About this exercise — A line below contains "- Camino da libero appoggio", and a later one contains "Riva Studio 500 Living su panca Riva". Repeat both, with every line between them, exactly.

Data supplied —
========================================================================

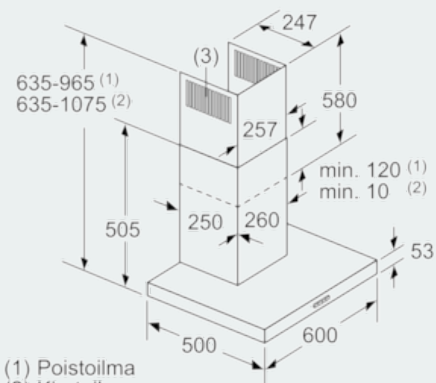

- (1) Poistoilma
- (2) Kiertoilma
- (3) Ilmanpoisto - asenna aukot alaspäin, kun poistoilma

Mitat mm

========================================================================

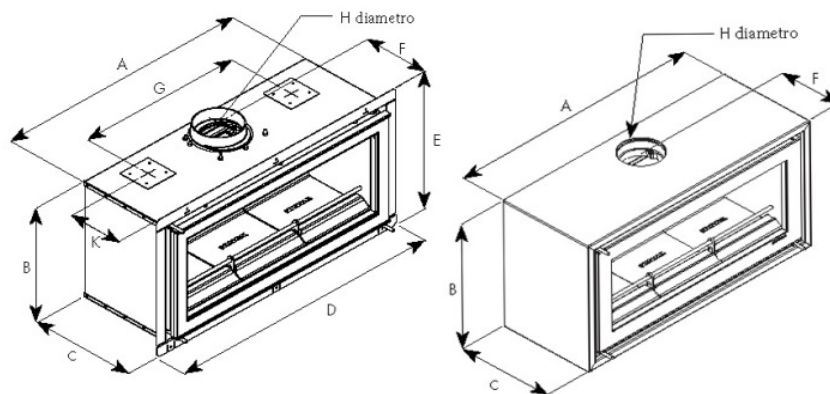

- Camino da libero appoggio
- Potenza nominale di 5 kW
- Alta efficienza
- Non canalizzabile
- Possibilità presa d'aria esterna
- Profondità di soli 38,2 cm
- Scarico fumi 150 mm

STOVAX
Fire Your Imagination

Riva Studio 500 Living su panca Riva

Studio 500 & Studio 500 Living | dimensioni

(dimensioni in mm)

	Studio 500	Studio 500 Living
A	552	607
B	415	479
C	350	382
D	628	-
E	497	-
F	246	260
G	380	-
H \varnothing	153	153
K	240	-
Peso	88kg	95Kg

========================================================================

Response —
- Camino da libero appoggio
- Potenza nominale di 5 kW
- Alta efficienza
- Non canalizzabile
- Possibilità presa d'aria esterna
- Profondità di soli 38,2 cm
- Scarico fumi 150 mm

STOVAX
Fire Your Imagination

Riva Studio 500 Living su panca Riva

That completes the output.